This is Mazon Monday post #316.  What’s your favorite Mazon Creek fossil?  Tell us at email:esconi.info@gmail.com.


Today, we have Sublepidophloios protuberans, which is a species of lycopsid branch. It’s very common, actually the most common form of lycopsid bark in the Mazon Creek fossil flora.

George Langford thought the various forms of Sublepidophloios represented growth stages of the plants. He used the name Lepidophloios laricinus to designate the infant form.

Recall that paleobotany uses form genera as a strategy to identify plant parts. If you aren’t familiar with the concept, there is a good explanation in ESCONI’s “Keys to Identify Pennsylvanian Fossil Plants of the Mazon Creek Area”.

THE CONCEPT OF FORM-GENERA IN IDENTIFYING FOSSIL PLANTS

Biologists and paleobiologists who study and classify organisms often find biological structures that cannot be confidently assigned to any known organismic species. Such structures — mostly parts, life-stages, or sedimentary traces of organisms contain considerable biological information and provide insights into the morphology, life-style, and behavior of past (and present) species. For example, for many present-day fungi, both the asexual and sexual stages of the life-cycle is known, but each stage cannot be causally linked to the other. These stages may have separate, taxonomic names, yet belong to the same species. Similarly, trace fossils distinctively-shaped impressions and burrows indicating particular behavioral habits are given separate taxonomic names, and are not assuredly linked to any known fossil species.

And so it is with fossil plants, in which particular organs are preserved in isolation from other organs belonging to the same plant species. Thus plant leaves, roots, stems, fruits, seeds, and even pollen or spores, have separate taxonomic names. These names are termed “form genera”. Several form-genera, each designating a specific part of the plant, can refer to a single fossil plant species, but it is often impossible to know which leaf-genus is associated with which seed-genus or pollen-genus, and so on.

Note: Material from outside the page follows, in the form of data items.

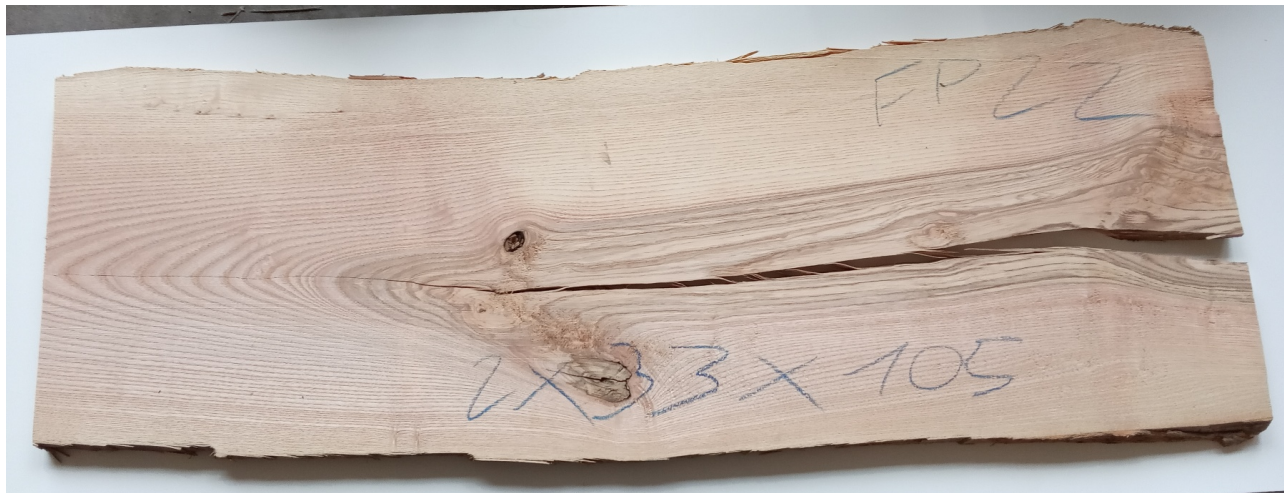

Brico Legno Store

Tecno Wood
Via Ettore D'Amore

Tavola Legno di Frassino Europeo Non Refilato Piallato mm 20 x 330 x 1050

La tavola in legno di Frassino europeo viene fornita già piallata sui due lati larghi. All'interno immagini più dettagliate.

Brico Legno Store

Tecno Wood
Via Ettore D'Amore

**Tavola in legno massello di Frassino Europeo bianco non refilato, piallato sulle due
facce larghe.**

Le foto al lato identificano la tavola oggetto della vendita.

Dimensione:

mm 20 x 330 x 1050

si precisa che la misurazione viene prelevata verso il centro della tavola mediando la
larghezza di entrambi i lati

Tolleranza sulle dimensioni come per legge.

Recensioni

Nessuna recensione disponibile per questo prodotto.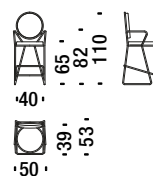

## Black chrome small armchair

Poltroncina cromato nero

ONL

1,8 mt. 3,4 m<sup>2</sup> 0,5 m<sup>3</sup> 16 Kg

## Black chrome low back bar stool

Sgabello basso cromato nero

OQO

1,5 mt. 2,8 m<sup>2</sup> 0,4 m<sup>3</sup> 18 Kg

## Black chrome low back bar stool with armrests

Sgabello basso con braccioli cromato nero

OQP

1,5 mt. 2,8 m<sup>2</sup> 0,4 m<sup>3</sup> 18 Kg

## Black chrome high back bar stool

Sgabello alto cromato nero

ONO

1,5 mt. 2,8 m<sup>2</sup> 0,4 m<sup>3</sup> 18 Kg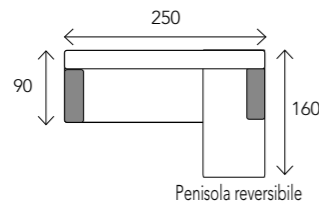

2

Adesso

- composizione angolare
- completamente sfoderabile
comprese le parti trapuntate

990€

3

760€

Rafael

- letto matrimoniale
- completamente sfoderabile

h. cm. 105
* ingombro massimo testiera

4

Square

- letto matrimoniale
- completamente sfoderabile
comprese le parti trapuntate

760€

h. cm. 100
* ingombro massimo testiera

NOVITÀ

in promozione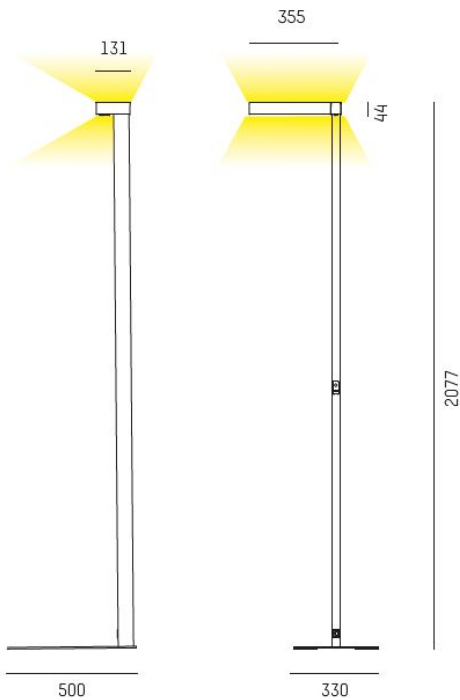

MOLTO LUCE®

CARDI
A Sonepar Company

Printed from www.cardi.se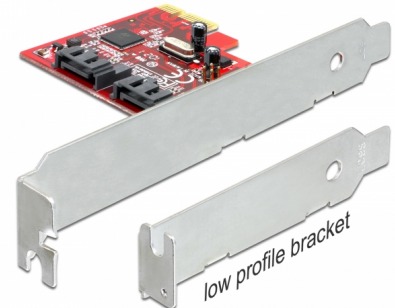

Delock PCI Express Karte > 2 x intern SATA 6 Gb/s

Beschreibung

Die Delock PCI Express Karte erweitert Ihren PC um zwei interne SATA Ports. Sie können an die Karte verschiedene Geräte wie z. B. Festplatten, DVD-Laufwerke etc. anschließen.

Artikel-Nr. 89270

EAN: 4043619892709

Ursprungsland: Taiwan,
Republic Of China

Verpackung: Retail Box

Technische Daten

- Anschlüsse:
intern:
2 x SATA 6 Gb/s 7 Pin Stecker
1 x PCI Express x1, V2.0
- Chipsatz: Marvell
- Datentransferrate bis zu 6 Gb/s
- Unterstützt Festplatten mit Native Command Queue (NCQ)
- Unterstützt ATA, ATAPI
- RAID 0, 1
- Hot Plug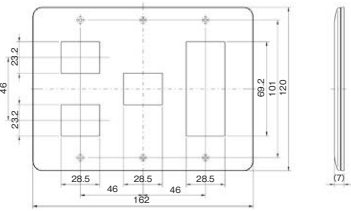

1 連用 WJ90001PW ¥ 195 〔プレート: WJE-0 〕 取付枠: WJK-1	2 連用 WJ99001PW ¥ 400 〔プレート: WJE-00 〕 取付枠: WJK-2	3 連用 WJ99901PW ¥ 740 〔プレート: WJE-000 〕 取付枠: WJK-3
--	---	--

J·WIDEシリーズ配線器具

2ピースコンセントプレート 1連用
WJD-1

2ピースコンセントプレート 1連用
WJD-2

2ピースコンセントプレート 2連用
WJD-23

2ピースコンセントプレート 2連用
WJD-SNL

2ピースコンセントプレート 3連用
WJD-213

2ピースコンセントプレート 3連用
WJD-SNL3

2ピースコンセントプレート 3連用
WJD-000

blankプレート 取付枠付 1連用
WJ90001PW

blankプレート 取付枠付 2連用
WJ99001PW

blankプレート 取付枠付 3連用
WJ99901PW

Furthermore, in some cases it is clear that structures assigned to one form were actually produced by two or more different kinds of plants, e.g., Lepidophylloides produced by both Sigillaria and Lepidodendron. Therefore, even when we can demonstrate, or hypothesize, that two or more form-genera are actually part of a single plant species, we cannot be certain that all fragmentary specimens of the genera are correctly treated in this way. For these reasons, form-genera are an indispensable, if slightly confusing, tool in identifying fossil plants.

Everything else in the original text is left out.